Likely GOP presidential candidate Scott Walker is calling for a constitutional amendment making same-sex marriage bans constitutional, should the Supreme Court strike them down.
For a while, it looked like Scott Walker might be (one of) the first Republican presidential candidates to support same-sex marriage. The Wisconsin governor, who routinely offers ambiguous answers, over the past year has allowed many to infer he might not oppose extending the institution of marriage to same-sex couples. Walker's most-recent example of allowing voters to infer his actual positions and beliefs was his unique comment that he had not attended a same-sex wedding (no response if he would) but he had attended the reception for a same-sex wedding.
One reason some believed in Walker's possible support is that he has a cousin who is gay, and his son was a witness at her wedding. And another was public opinion.

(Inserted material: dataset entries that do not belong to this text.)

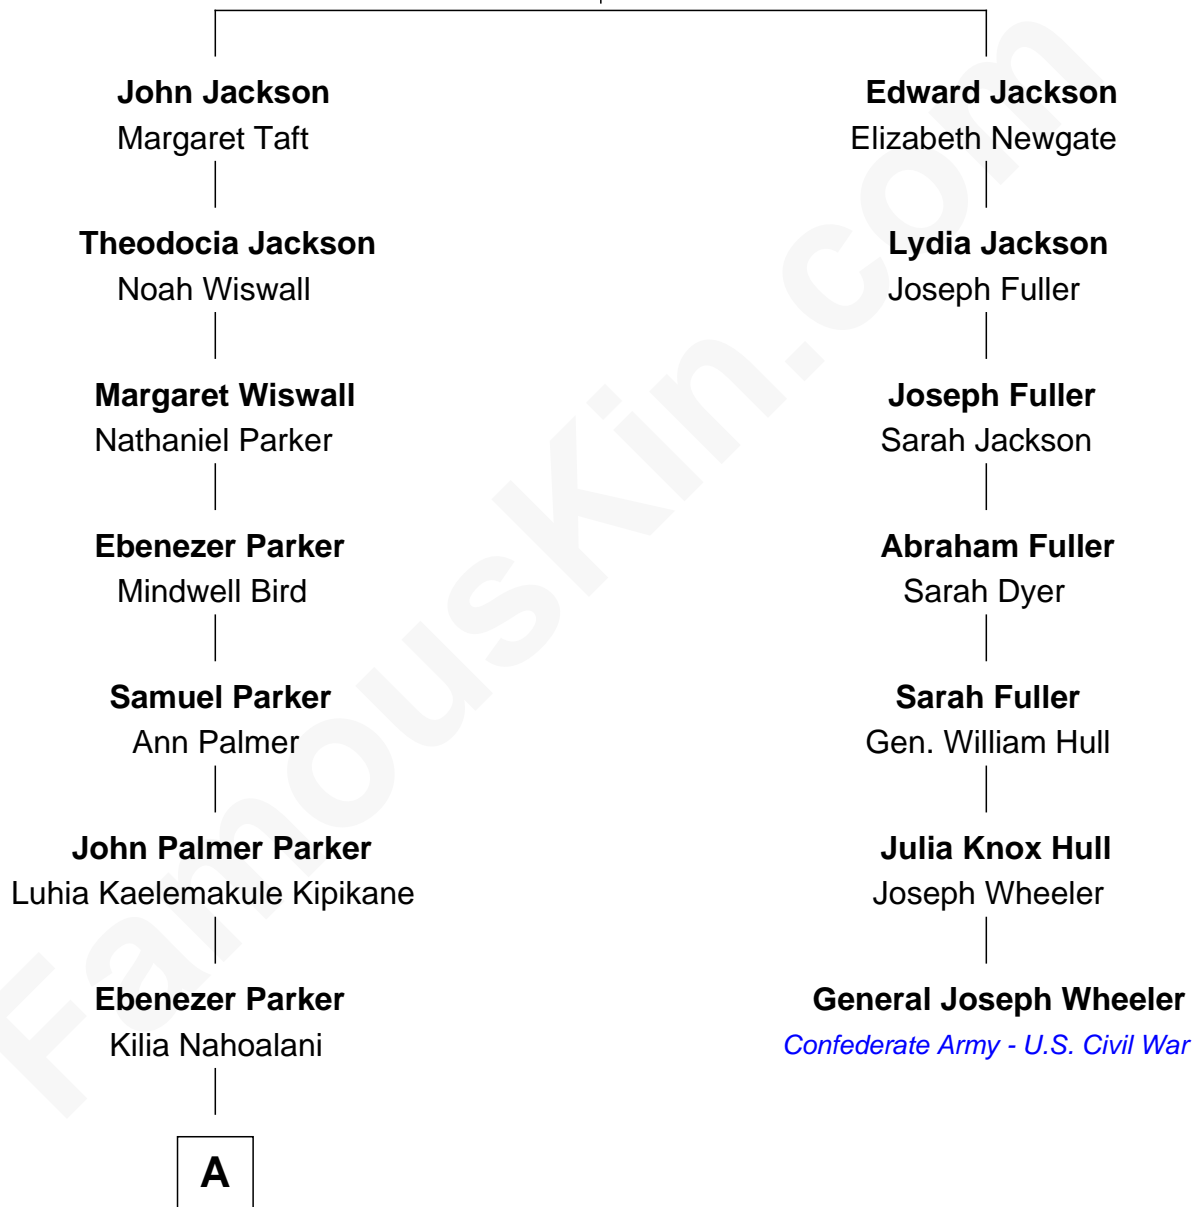

## Relationship Chart of

### Kelly Preston

TV and Movie Actress

6th cousin 5 times removed of

### General Joseph Wheeler

Confederate Army - U.S. Civil War

**Christopher Jackson**

Susan Johnson

**A**

—  
**Mary Ann Kaulalani Parker**

James Woods

—  
**Lucy Woods**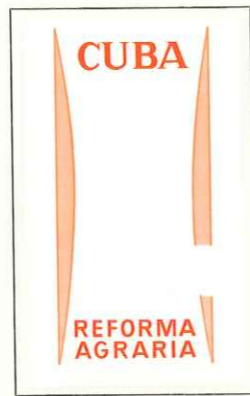

Cuba / «Conférence des Pays sous-industrialisés» 1960

Dessins: Courvoisier S. A.

Phases d'impression

Actes N° 563.20.6 du 17.6.60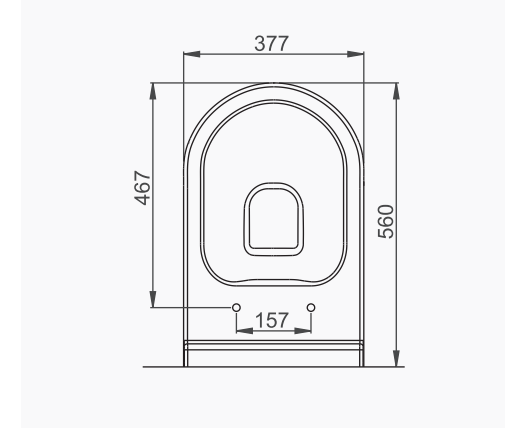

TERRA

TERRA **RIM-OUT** ASMA KLOZET /TERRA *RIM-OUT* WALL-HUNG WC PAN

A011111 KLOZET / WC PAN

A010011 YAVAŞ KAPANIR İNCE KAPAK / *SLOW CLOSE SLIM SEAT & COVER*

A011112

WC PAN

WITHOUT BIDET FUNCTION

The Milwaukee Journal-Sentinel reported last October, "polls have shown more support for same-sex marriage," and added that Walker "has repeatedly answered questions about the ban by saying his opinion doesn't matter because a governor can't change the constitution."
Apparently, Gov. Walker can't change the Wisconsin constitution, but he thinks trying to change the U.S. Constitution is fair game.
If the Supreme Court grants same-sex couples the constitutional right to marry and prohibits states from banning that right, the 47-year old union-busting Tea Party Republican governor says he would support a federal constitutional amendment allowing states to ban same-sex couples from marrying.
In response to a Supreme Court ruling supporting same-sex couples, "the only other viable option out there is to support a constitutional amendment, which I would, again, believing, I believe in not just in marriage being defined as one man and one woman, but I also believe in states' rights. I think that's an issue that appropriately belongs in the states," Walker told the conservative blog Caffeinated Thoughts on Saturday.
"I'm still holding out hope the United States Supreme Court will say, 'Yes, indeed, states have a right to define what marriage is,'" Walker added.
He noted that as a state lawmaker and as a voter, he voted for a state constitutional ban on same-sex marriage, and he "defended it as governor" in federal courts.
The interview also included questions about abortion and personhood laws, which declare life begins at conception and therefore abortion by definition - and thus, state law - would be murder, and illegal.
Right Wing Watch reports Walker "immediately" dodged the question "by saying that if he were president he wouldn't 'handle any constitutional amendments.'"
So, to be clear, a President Walker supports constitutional amendments allowing states to ban same-sex marriage, but a President Walker doesn't "handle any constitutional amendments" when it comes to a woman's right to choose.
Once again proving Scott Walker is the king of ambiguous and conflicting answers.